- Exercise requirements -
Below are the records; copy each line in which "Sofa" occurs.

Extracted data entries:
_ _ _ _
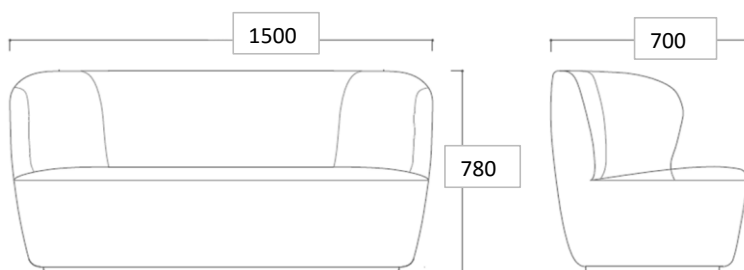

VERSION

- Fully upholstered / black base

TYPES

Order item - look for part number in the pricelist.
The series consists of the following:

Stay Sofa , W: 70 cm // L: 150 cm, 190 cm, 260 cm.
Stay Sofa , W: 95 cm // L: 190 cm, 220 cm, 260 cm
Stay Sofa , W: 110 cm // L: 220 cm, 260 cm
Stay Lounge Chair - Large
Stay Lounge Chair - Small
Stay Lounge Chair - Small Swivel
Stay Ottoman

MEASUREMENTS

FACTS

MEASUREMENT - H X L X W: MM

Height: 780 mm
Length: 1500 mm
Width: 700 mm
Sitting height: 410 mm
Sitting depth: 550 mm

WEIGHT ITEM
67 kg

PACKAGING MEASUREMENT - L x W x H CM
153x73x78

PACKAGING - MATERIAL TYPE

MEASUREMENTS

FACTS

MEASUREMENT - H X L X W: MM

Height: 780 mm
Length: 1900 mm
Width: 700 mm
Sitting height: 410 mm
Sitting depth: 550 mm

WEIGHT ITEM
72 kg

PACKAGING MEASUREMENT - L x W x H CM
193x73x78 cm

PACKAGING - MATERIAL TYPE

MEASUREMENTS

FACTS

MEASUREMENT - H X L X W: MM

Height: 780 mm
Length: 2600 mm
Width: 700 mm
Sitting height: 410 mm
Sitting depth: 550 mm

WEIGHT ITEM
125 kg

PACKAGING TYPE
Cardboard box, chipboard and euro pallet
_ _ _ _
- Solution to this exercise -
Stay Sofa , W: 70 cm // L: 150 cm, 190 cm, 260 cm.
Stay Sofa , W: 95 cm // L: 190 cm, 220 cm, 260 cm
Stay Sofa , W: 110 cm // L: 220 cm, 260 cm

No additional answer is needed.